→ Stored data:
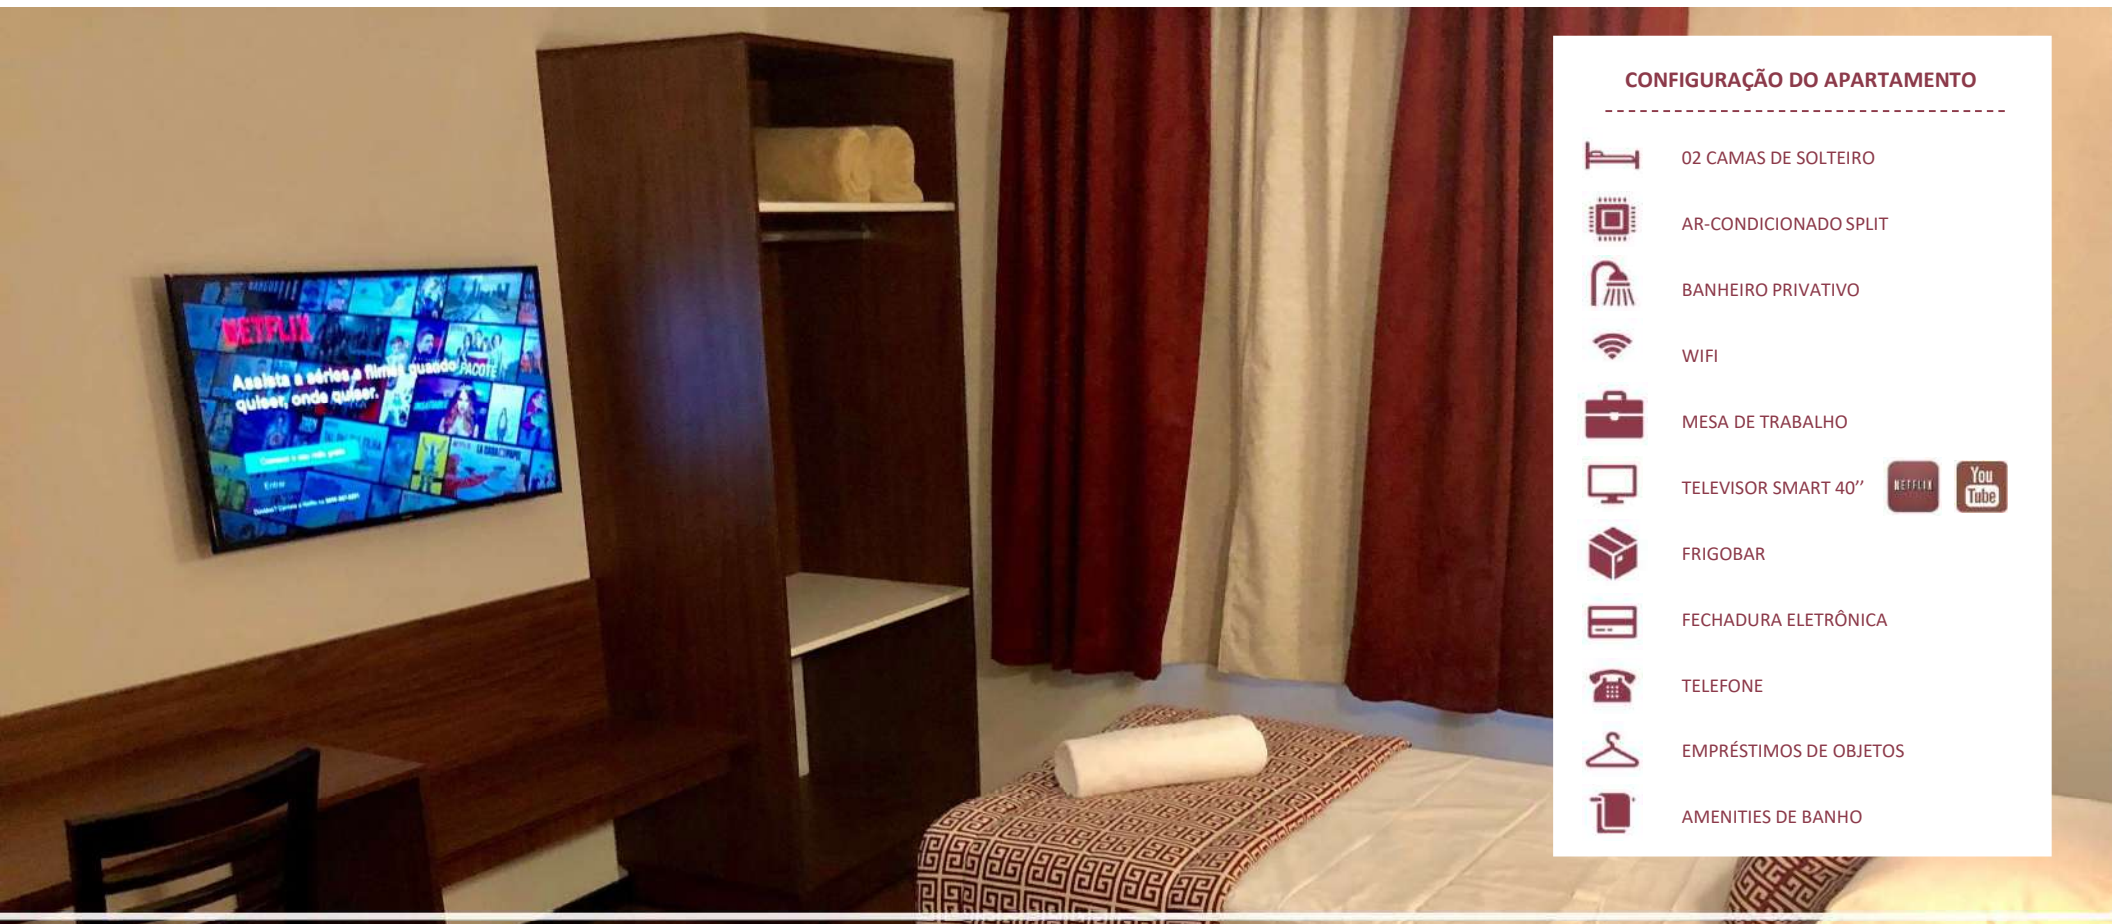

RAIO DE ATÉ 60KM

Águas de Lindóia
 Serra Negra
 Campinas
 Aeroporto de Viracopos

CONFIGURAÇÃO DO APARTAMENTO

-  02 CAMAS DE SOLTEIRO
-  AR-CONDICIONADO SPLIT
-  BANHEIRO PRIVATIVO
-  WIFI
-  MESA DE TRABALHO
-  TELEVISOR SMART 40"  
-  FRIGOBAR
-  FECHADURA ELETRÔNICA
-  TELEFONE
-  EMPRÉSTIMOS DE OBJETOS
-  AMENITIES DE BANHO

Lummina Hotel

APARTAMENTO MODELO (DELUXE TWIN)

DATA SHOW

MICROFONE E SONORIZAÇÃO
AMBIENTE

FRIGOBAR / AR-CONDICIONADO

FLIP CHART / LOUSA

NOTEBOOK PALESTRANTE

INTERNET FIBRA DEDICADA

→ WORK ITEM:
Output these and nothing else: the lines from the one holding "FRIGOBAR / AR-CONDICIONADO" through the final line of the entries above, exactly as they appear.

→ ANSWER SPACE:
FRIGOBAR / AR-CONDICIONADO

FLIP CHART / LOUSA

NOTEBOOK PALESTRANTE

INTERNET FIBRA DEDICADA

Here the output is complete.